Analyzing Pension Fund Mortality with Gaussian Processes in a Sub Population Framework
Eduardo F. L. de Melo, Michael Ludkovski, Rodrigo S. Targino

TL;DR
This paper develops Gaussian process models to analyze and project pension fund mortality rates, accounting for socioeconomic disparities and data sparsity, with applications to Brazilian pension funds.
Contribution
It introduces a flexible Gaussian process framework for modeling pensioner mortality rates, improving fit and uncertainty quantification over parametric methods.
Findings
GP models outperform parametric approaches in fit and uncertainty estimation
Models effectively capture mortality deflators relative to reference populations
Application to Brazilian pension funds demonstrates practical utility
Abstract
Pension fund populations often have mortality experiences that are substantially different from the national benchmark.

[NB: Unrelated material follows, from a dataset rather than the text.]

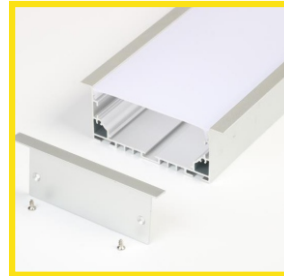

MODAL	SIZE
7535 SF	Unit:mm
7535 CON

In a motivating case study of Brazilian corporate pension funds, pensioners are observed to have mortality that is 40-55% below the national average, due to the underlying socioeconomic disparities. Direct analysis of a pension fund population is challenging due to very sparse data, with age-specific annual death counts often in low single digits. We design and study a collection of stochastic sub-population frameworks that coherently capture and project pensioner mortality rates via deflator factors relative to a reference population. Superseding parametric approaches, we propose Gaussian process (GP) based models that flexibly estimate Age- and/or Year-specific deflators. We demonstrate that the GP models achieve better goodness of fit and uncertainty quantification.…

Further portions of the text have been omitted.